Re: Colorimeter vs. Spectro
Re: Colorimeter vs. Spectro
- Subject: Re: Colorimeter vs. Spectro
- From: Graeme Gill <email@hidden>
- Date: Wed, 05 Jan 2005 02:10:33 +1100
- Organization: Argyll CMS
Marc Levine wrote:
colorimeter and spectrophotometer have different missions in life. For a
spectro, the system is geared to deliver a discrete set of spectral points
that represent a color sample. Yes, I would agree that most spectophotmeters
do see the data that is in between those discrete points. However, because
the task is to report these discrete points, the data in between those
points can be heavily "discounted". After all, a system does need to handle
I hope that's not the case for a reputable spectro. It's really dumb to
point sample if you can do something else; point sampling always invites
aliasing. Given the nature of many low cost spectro's, I would
expect that the "gap" between samples was rather small, being a function
of the "gap" between the CCD cells, moderated by any slight de-focus.

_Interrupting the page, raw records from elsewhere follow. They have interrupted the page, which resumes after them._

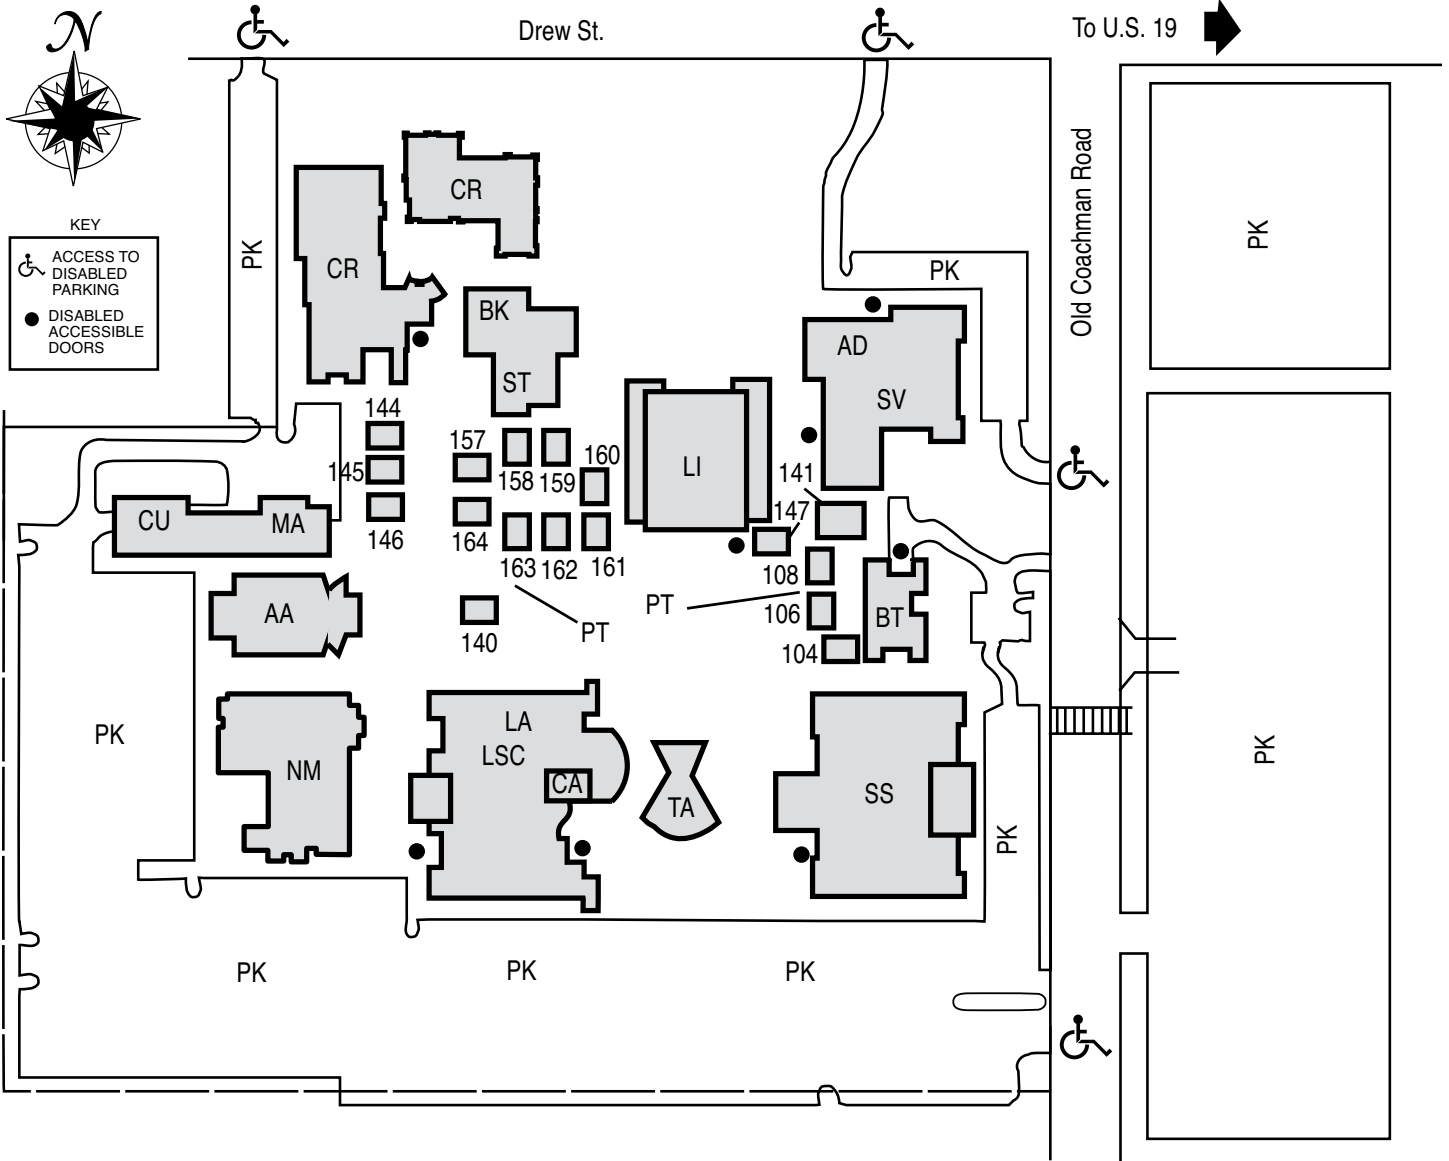

Clearwater Campus

Clearwater Campus
 2465 Drew St.
 Clearwater

CLEARWATER BUILDING CODES

- | | |
|---------------------------------|---|
| AA - Arts Auditorium | MA - Maintenance |
| AD - Administration | NM - Natural Science, Math and College of Education |
| BK - Bookstore | PK - Student parking |
| BT - Business Technologies | PT - Portables 104, 106, 108, 140, 141, 144, 145, 146, 147, 157, 158, 159, 160, 161, 162, 163 and 164 |
| CA - Cafe/Food services | SS - Social Sciences |
| CR - Crossroads | ST - Student Life and Leadership |
| CU - Central Utilities | SV - Student Services |
| LA - Language Arts | TA - Teaching Auditorium |
| LI - Michael M. Bennett Library | |
| LSC - Learning Support Commons | |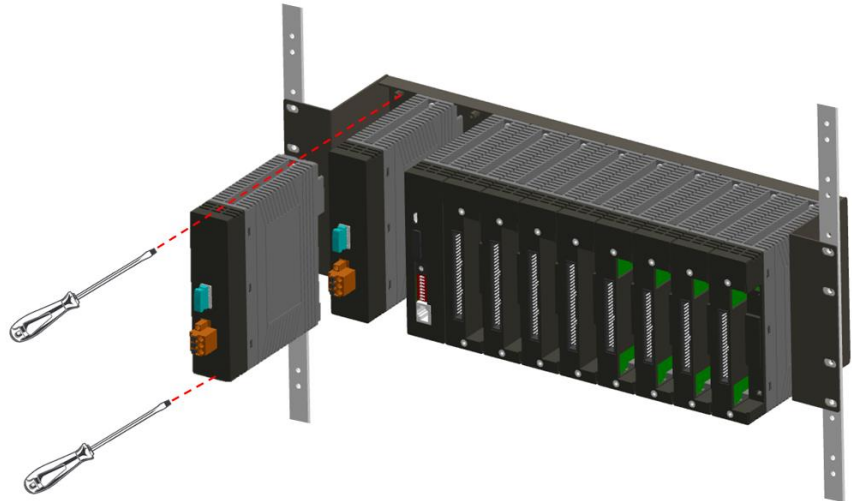

Technical Support

service@icpdas.com

www.icpdas.com

Resources

How to search for drivers, manuals and spec information on ICP DAS website.

- For Mobile Web
- For Desktop Web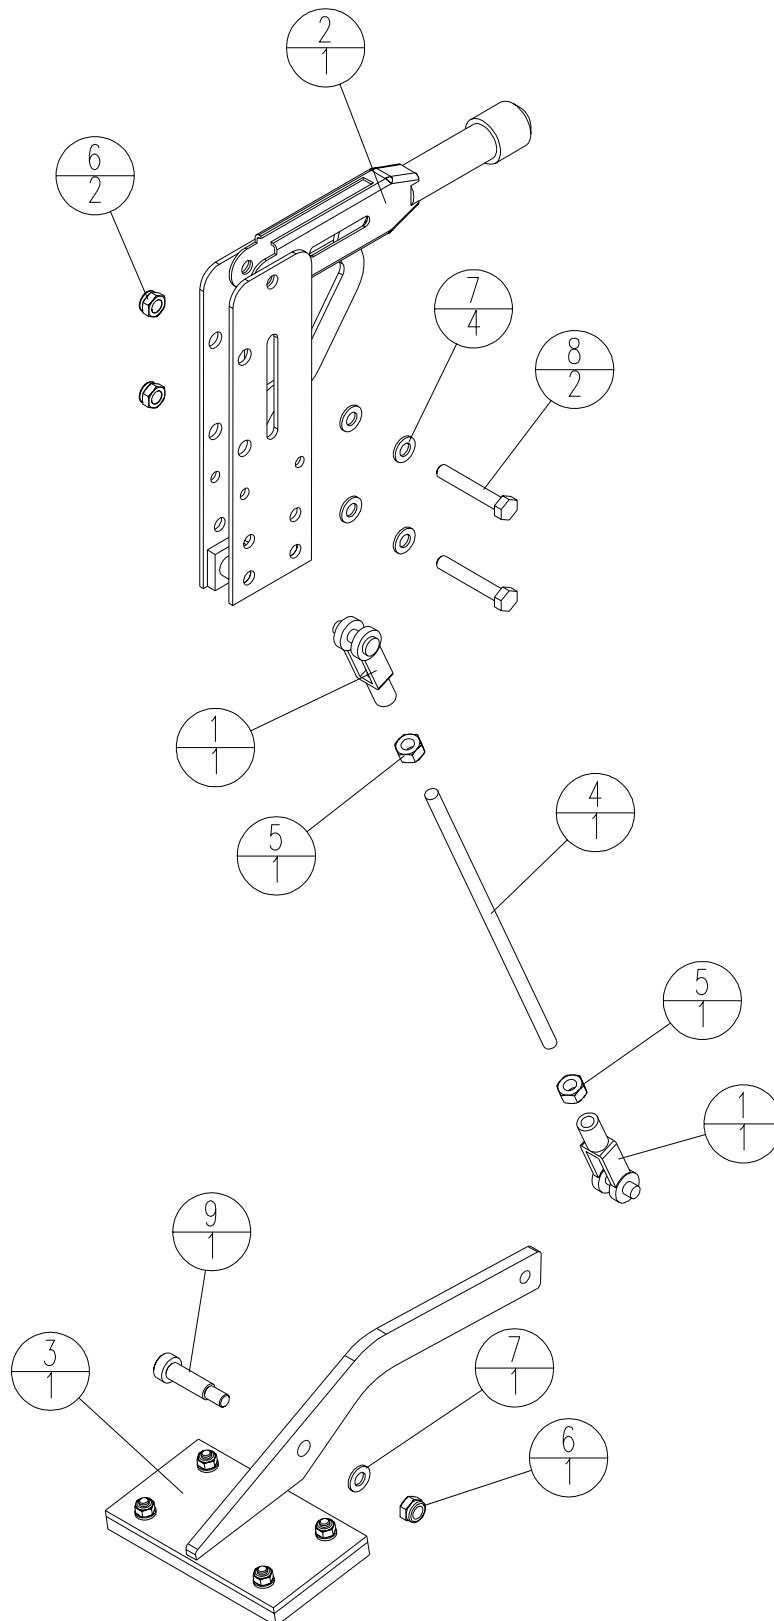

PARTS LIST

Brake WP3100R, WP3100D

PARTS LIST

Brake WP3100R, WP3100D

ITEM	PART NO.	DESCRIPTION	QTY
1	35925	CLEVIS 5/16-24 X 5/16 PIN	2
2	38095	BRAKE PARKING	1
3	43621-2	SUBASM BRAKE PLATE	1
4	43625	THDRD 5/16-24 X 9.50 PLAIN	1
5	80247	NUTFX 5/16-24 ZN	2
6	80817	NUTNY M8-1.25 ZN	3
7	80857	WSHR FLAT M8 X 16 ZN	5
8	80883	HHCS M8-1.25 X 50 8.8 ZN	2
9*	80885	SHSHB 10MM x 30 x M8 12.9 BLK	1

* LOCTITE 262

In a well made spectro I'd hope that the total energy recorded for a
narrow band source remains the same, whether it lands exactly on a nominated
measurement band, or whether it lands between two (ie. that the sum of the
spectral sensitivity curves for each measurement band is a straight line).
This would be consistent with the CIE recommendation for computing
tristimulus values of sources that have rapidly variation with wavelength.
Graeme Gill.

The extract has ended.